Exercise:
Please filter the entries for the word "INSTRUCTIONS" and copy every line that has it.

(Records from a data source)
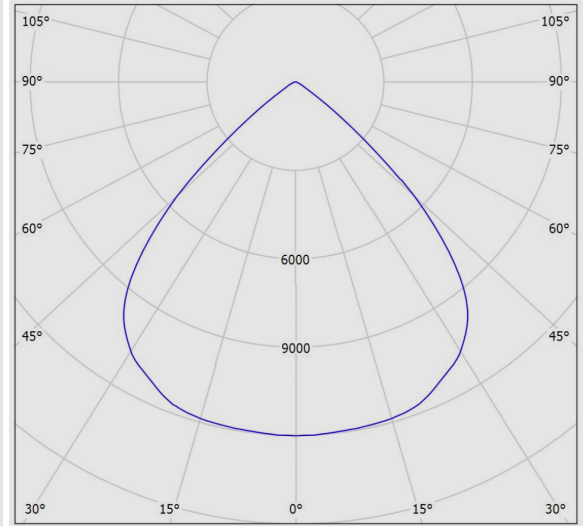

چراغ دکوراتیو LED با توان 200 وات، 22000 لومن دمای رنگ نور 4000 کلوین، پخش نور متقارن باز و مازول برق مستقیم - نقره ای  
نمودار فتومتریک

Glare Evaluation According to UGR												
p Ceiling		70	70	50	50	30	70	70	50	50	30	
p Walls		50	30	50	30	30	50	30	50	30	30	
p Floor		20	20	20	20	20	20	20	20	20	20	
Room Size X Y		Viewing direction at right angles to lamp axis					Viewing direction parallel to lamp axis					
2H	2H	25.2	26.1	25.5	26.3	26.5	25.2	26.1	25.5	26.3	26.5	
	3H	25.1	25.9	25.4	26.1	26.4	25.1	25.9	25.4	26.1	26.4	
	4H	25.0	25.8	25.3	26.0	26.3	25.0	25.8	25.3	26.0	26.3	
	6H	24.9	25.6	25.3	25.9	26.2	24.9	25.6	25.3	25.9	26.2	
	8H	24.9	25.6	25.2	25.9	26.2	24.9	25.6	25.2	25.9	26.2	
4H	2H	25.0	25.8	25.3	26.0	26.3	25.0	25.8	25.3	26.0	26.3	
	3H	24.9	25.5	25.3	25.8	26.2	24.9	25.5	25.3	25.8	26.2	
	4H	24.8	25.4	25.2	25.7	26.1	24.8	25.4	25.2	25.7	26.1	
	6H	24.8	25.2	25.2	25.6	26.0	24.8	25.2	25.2	25.6	26.0	
	8H	24.7	25.2	25.2	25.5	25.9	24.7	25.2	25.2	25.5	25.9	
8H	2H	24.7	25.1	25.1	25.5	25.9	24.7	25.1	25.1	25.5	25.9	
	4H	24.7	25.1	25.1	25.5	25.9	24.7	25.1	25.1	25.5	25.9	
	6H	24.7	25.0	25.1	25.4	25.9	24.7	25.0	25.1	25.4	25.9	
	8H	24.6	24.9	25.1	25.4	25.8	24.6	24.9	25.1	25.4	25.8	
	12H	24.6	24.8	25.1	25.3	25.8	24.6	24.8	25.1	25.3	25.8	
12H	4H	24.7	25.1	25.1	25.5	25.9	24.7	25.1	25.1	25.5	25.9	
	6H	24.6	24.9	25.1	25.3	25.8	24.6	24.9	25.1	25.3	25.8	
	8H	24.6	24.8	25.1	25.3	25.8	24.6	24.8	25.1	25.3	25.8	
	Variation of the observer position for the luminaire distances S											
	S = 1.0H	+2.0 / -7.1					+2.0 / -7.1					
S = 1.5H	+4.2 / -11.5					+4.2 / -11.5						
S = 2.0H	+6.2 / -13.0					+6.2 / -13.0						
Standard table Correction Summand		BK00					BK00					
		6.6					6.6					
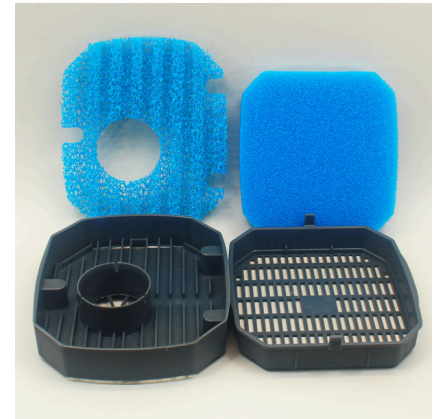

## JBL CRISTALPROFI COMBIFILTER Basket II

Postéquipement panier filtrant pour CristalProfi ext.

Préconisé pour :   

- Panier de filtration supérieur optimisé, avec 100 % de surface de préfiltration en plus. Matériel filtrant inclus.
- Retirer l'ancien panier de filtration et installer le nouveau à sa place.
- Optimise la préfiltration des filtres CristalProfi e 401, 701, 901, 1501 et 1901, qui deviennent alors techniquement identiques aux JBL 402, 702, etc.
- Panier de filtration ingénieux, en 2 parties. Le bas amovible contient une post-filtration de 35 ppi (fine). Le panier du haut contient une plaque de préfiltration d'une seule pièce d'une surface 100 % supérieure, avec une porosité de 15 ppi.
- Contenu : panier de filtration 2 pièces (séparables au niveau du clip), avec plaques de mousse filtrante fine et grossière.

Les préfiltres ont pour tâche d'épurer les saletés grossières aspirées dans le filtre de manière à ne pas obstruer le matériel filtrant suivant. Mais, étant donné que dans le pire des cas, la saleté grossière peut boucher rapidement les préfiltres, JBL a conçu ce panier de filtration. Au lieu de contenir deux plaques de mousse filtrante plus petites situées à l'extérieur, il contient maintenant une grande plaque de préfiltration d'une seule pièce, dont la surface est au moins double des précédentes.
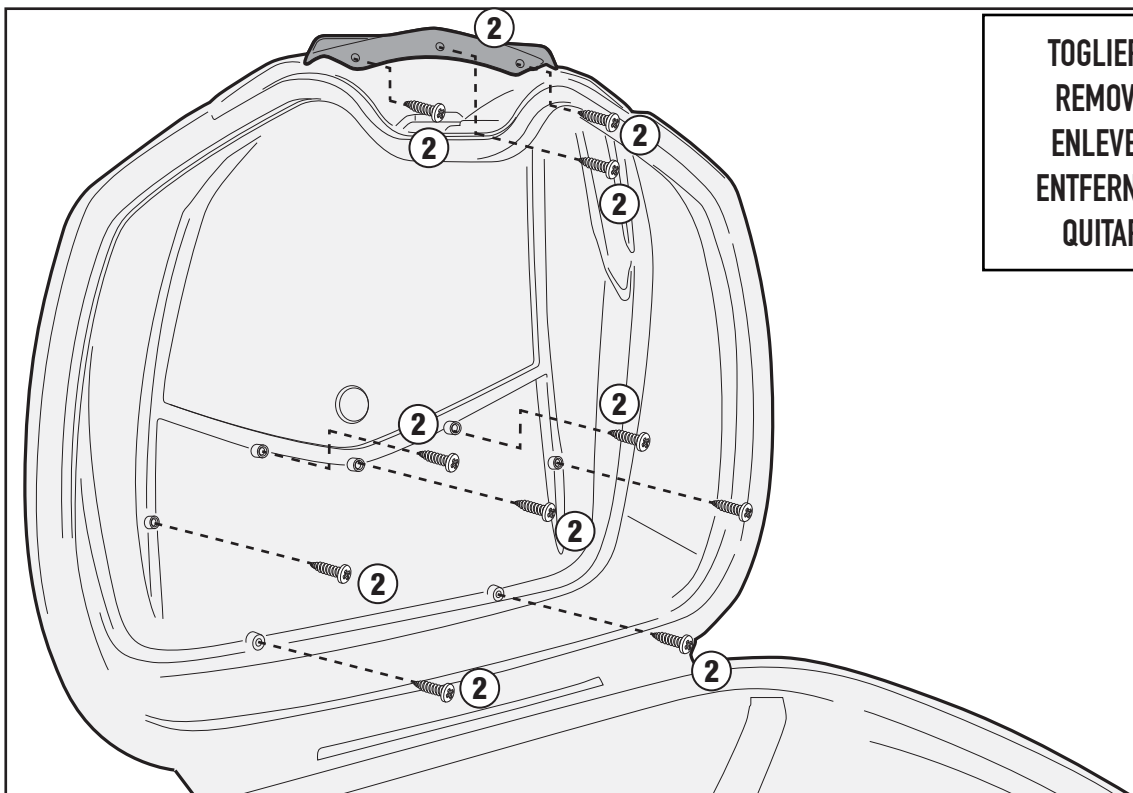

CV47

COVER ACCESSORIO - INTERCHANGEABLE COVER - ACCESSOIRE CAPOT - WECHSELBARES TOPCASE COVER - SOBRETATA DE ACCESORIO

V47

N°	Descrizione	Caratteristiche	Codice	Quantità
1	Cover - Cover Capot - Cover Sobretata			1
2	Componenti originali - Original parts Parties originales - Original bauteile Componentes originales		-	

TOGLIERE
REMOVE
ENLEVER
ENTFERNEN
QUITAR

CV47

COVER ACCESSORIO - INTERCHANGEABLE COVER - ACCESSOIRE CAPOT - WECHSELBARES TOPCASE COVER - SOBRETATA DE ACCESORIO

V47

ISTRUZIONI DI MONTAGGIO - MOUNTING INSTRUCTIONS
INSTRUCTIONS DE MONTAGE - BAUANLEITUNG - INSTRUCCIONES
DE MONTAJE
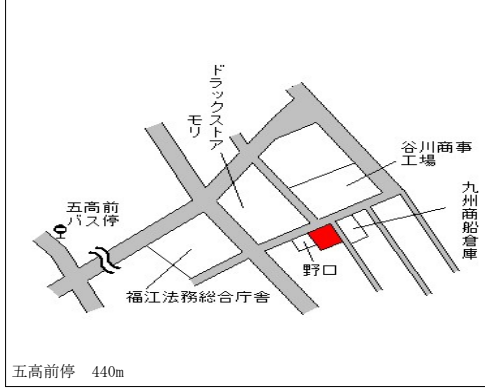

三井楽診療所前停 230m

五島(県) 五島市岐宿町岐宿字掛塚5 9番1
- 12

9,700円
▲ 3.0 %
218㎡

岐宿停 350m

五島(県) 五島市三井楽町貝津字江口941番
- 13 4,170円
▲ 1.7 %
481㎡

貝津港待合所前停 430m

五島(県) 五島市岐宿町岐宿字開2197番2
- 14 6,960円
▲ 2.5 %
460㎡

岐宿停 350m

五島(県) 五島市岐宿町二本楠字長沢651番
- 15 1 6,130円
▲ 1.8 %
327㎡

三叉路停 60m

五島(県) 五島市中央町3番15
5 - 1 ぶらぶら 28,000円
▲ 4.1 %
152㎡

農協前停 150m

五島(県) 五島市富江町富江字廣町291番1
5 - 2 七福屋酒店 19,500円
▲ 3.9 %
98㎡

富江支所裏停 130m

五島(県) 五島市三井楽町浜ノ畔字白桂103
5 - 3 1番3外 15,400円
▲ 3.8 %
161㎡
明石酒店

三井楽診療所前停 320m

五島(県) 五島市奈留町浦字殿口1818番4
5 - 4 福江信用組合 8,920円
▲ 5.6 %
125㎡

漁協前停 70m

五島(県) 五島市東浜町3丁目1418番1
5 - 5 「東浜町3-5-1」 21,400円
▲ 1.8 %
株式会社大波止タクシー 273㎡

五高前停 440m
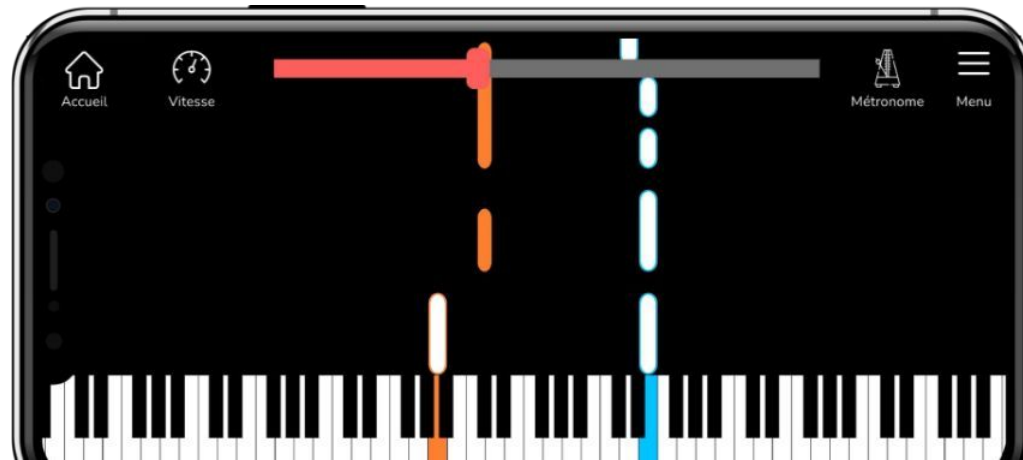

La Touche Musicale

L'apprentissage simplifié du piano

À propos

La Touche Musicale est une start-up dédiée à l'apprentissage simplifié du piano.

Depuis 2020, La Touche Musicale s'efforce de démocratiser l'apprentissage du piano à travers le développement d'une application efficace, ludique et intuitive. Forts de notre communauté de 150 000 pianistes à travers le monde et de nos partenariats dans les établissements scolaires de France, nous mettons tout en oeuvre pour que chacun puisse bénéficier d'une formation pianistique optimale et à moindre coût. Nous sommes soutenus par BPIFrance et par la région Île-de-France en tant qu'éditeurs d'un produit innovant.

La méthode d'apprentissage

La Touche Musicale est fondée sur la mémorisation visuelle et auditive. Elle stimule les fonctions cognitives et mémorielles de l'apprenant et lui permet d'apprendre le piano rapidement tout en s'amusant. Les notes sont symbolisées par des bandes lumineuses qui descendent sur un piano virtuel. Dès qu'une note arrive sur une touche du piano, le pianiste doit jouer la même touche sur son propre piano connecté à l'application.

20 CATÉGORIES

Pour tous les goûts : rap, classique, jazz, films & séries, ...

4 NIVEAUX

Pour tous les niveaux : facile, intermédiaire, difficile, expert

Importez vos propres chansons et exercices

La seule application sur internet qui propose la fonction d'importation de fichiers MIDI.

Task result:
ISTRUZIONI DI MONTAGGIO - MOUNTING INSTRUCTIONS
INSTRUCTIONS DE MONTAGE - BAUANLEITUNG - INSTRUCCIONES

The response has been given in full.